She had a brother, Harold and a younger sister, Elsie. Another brother died in infancy. Educated at a school run by the Miss Sandbaches in Hull, Minnie trained as a nurse at Salford Royal Hospital from 1905 - 1908. She stayed at the hospital and was promoted to Staff Nurse and then Sister, joining the Queen Alexandra’s Imperial Military Nursing Service in 1912.
During
the First World War, Minnie nursed in Flanders - in Casualty Clearing Stations,
in a Field Ambulance and in Stationary Hospitals. She was awarded the Military Medal, one of
only 146 nurses to receive this medal during WW1. It was awarded with the
following citation:
“For
most courageous devotion to duty. On the 21st August 1917, this lady was
Sister-in-Charge at No.44 Casualty Clearing Station, Brandhoek, when it was
shelled at short intervals from 11 a.m. till night, one Sister being killed.
This lady never lost her nerve for a moment and during the whole of a most
trying day, carried out her duties with the greatest steadiness and coolness.
By her work and example she greatly assisted in the speedy evacuation of the
patients and the transfer of the Sisters” (“The London Gazette”, 17th October
1917).
This was
during the Battle of Passchendaele on the Western Front. Sadly one of the nurses in her team - Staff
Nurse Nellie Spindler - was fatally injured during the bombardment and it is
said, died in Sister Wood’s arms.
Minnie
was also awarded the OBE and Royal Red Cross (2nd and 1st class) and mentioned
in dispatches three times.
At the
end of the war she was sent to work in Germany.

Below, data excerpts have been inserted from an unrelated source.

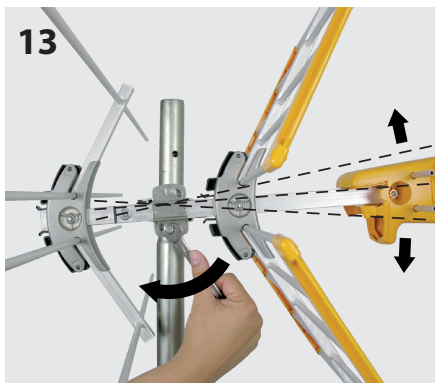

Мод.	N. kat.	Ref.	Art.	Ref.	Art. N.	Ref.	Ref.	149321		
Полоса частот	Pasmo pracy	Bande de travail	Banda	Banda de trabalho	Band	Banda de trabajo	Working band	MHz	VHF UHF	174 ... 230 (CH05-12) 470 ... 698 (CH21-48)
Коэффициент усиления	Zysk	Gain	Guadagno	Ganho	Gewinn / Verstärkung	Ganancia	Gain	dBi	VHF UHF	8,5 13
Отношение "front to back"	Współczynnik P/T	Rapport A/A	Rapp. A/D	Relação F/T	Vor-Rück-Verhältnis	Relación D/A	F/B ratio	dB	VHF UHF	> 12 > 23
Ветровая нагрузка	Obciążenie wiatrem	Résistance au vent	Carico del vento	Carga vento	Windlast	Carga al viento	Wind load	N		96 (@ 130 Km/h) 132 (@ 150 Km/h)

ТЕХНИЧЕСКИЙ ПАСПОРТ ИЗДЕЛИЯ

Назначение: Антенна из высококачественного алюминия МВ/ДМВ диапазона с высоким коэффициентом усиления. Предназначена для приема аналогового и цифрового ТВ DVB-T/T2. Состоит из диполя, уголкового отражателя и двух направляющих с 6 директорами на каждой. Антенна имеет встроенный фильтр для защиты от LTE-4G помех.

Технические характеристики: Приведены выше в таблице.

Конструкция и порядок установки: Иллюстрации приведены выше на рисунках.

Утилизация: Данное изделие не представляет опасности для жизни и здоровья людей и для окружающей среды, после окончания срока его службы утилизация производится без

специальных мер защиты окружающей среды.

Гарантия изготовителя: Компания Televés S.A. предоставляет один год гарантии с момента покупки для стран ЕЭС. Для стран, не входящих в ЕЭС, применяются юридические гарантии данной страны на момент покупки. Для подтверждения даты покупки сохраняйте чек. В течение гарантийного срока компания Televés S.A. бесплатно устраняет неполадки, вызванные бракованными материалами или дефектами, возникшими по вине производителя.

Условия гарантийного обслуживания: Условия гарантийного обслуживания не предусматривают устранение ущерба, возникшего вследствие неправильного

использования или износа изделия, форс-мажорных обстоятельств или иных факторов, находящегося вне контроля компании Televés S.A.

Лицензии и товарные знаки: Качество оборудования компании Televés S.A. подтверждено международными сертификатами CE и ISO 9001, а также регулирующими лицензиями и сертификатами соответствующих стран. Televés, S.A., CIF: A15010176, Rua/Beneficia de Conxo, 17, 15706 Santiago de Compostela, SPAIN, tel.: +34 981 522200, televés@televés.com. Произведено в Испании.

Дата изготовления указана на упаковочной этикетке: D. мм/гг (мм = месяц / гг = год).

DECLARACIÓN DE CONFORMIDAD ■ DECLARATION OF CONFORMITY ■ DECLARAÇÃO DE CONFORMIDADE ■ DECLARATION DE CONFORMITE ■ DICHIARAZIONE DI CONFORMITÀ ■ DEKLARACJA ZGODNOŚCI ■ KONFORMITÄTSEKLRÄRUNG ■ ΠΙΣΤΟΠΟΙΗΤΙΚΟ ΣΥΜΜΟΡΦΩΣΗΣ ■ FÖRSÄKRAN OM ÖVERENSSTÄMMELSE ■ ДЕКЛАРАЦИЯ СООТВЕТСТВИЯ ■ 01030604-000

Found to be suffering from ‘debility’ at a medical board in July 1919,
Minnie was sent to a hydropathic establishment in Ilkley, Yorkshire for a
month. She resumed her duties in the
military hospitals in Devonport and then Lichfield. She was posted to Malta in
1922 before being sent to Belfast in 1923.
Minnie
resigned from the army citing ‘private’ reasons concerning ‘only family
affairs’ in January 1924. Her mother died the same year and her father three
years later so she may have gone home to nurse them. She then became a companion to a widow, Victoria Alexandrina Scott Forbes, and Mrs Scott Forbes’ two sisters (Caroline and Susan Hopper), who Minnie first met during her nursing days at the Salford Royal Hospital before the First World War.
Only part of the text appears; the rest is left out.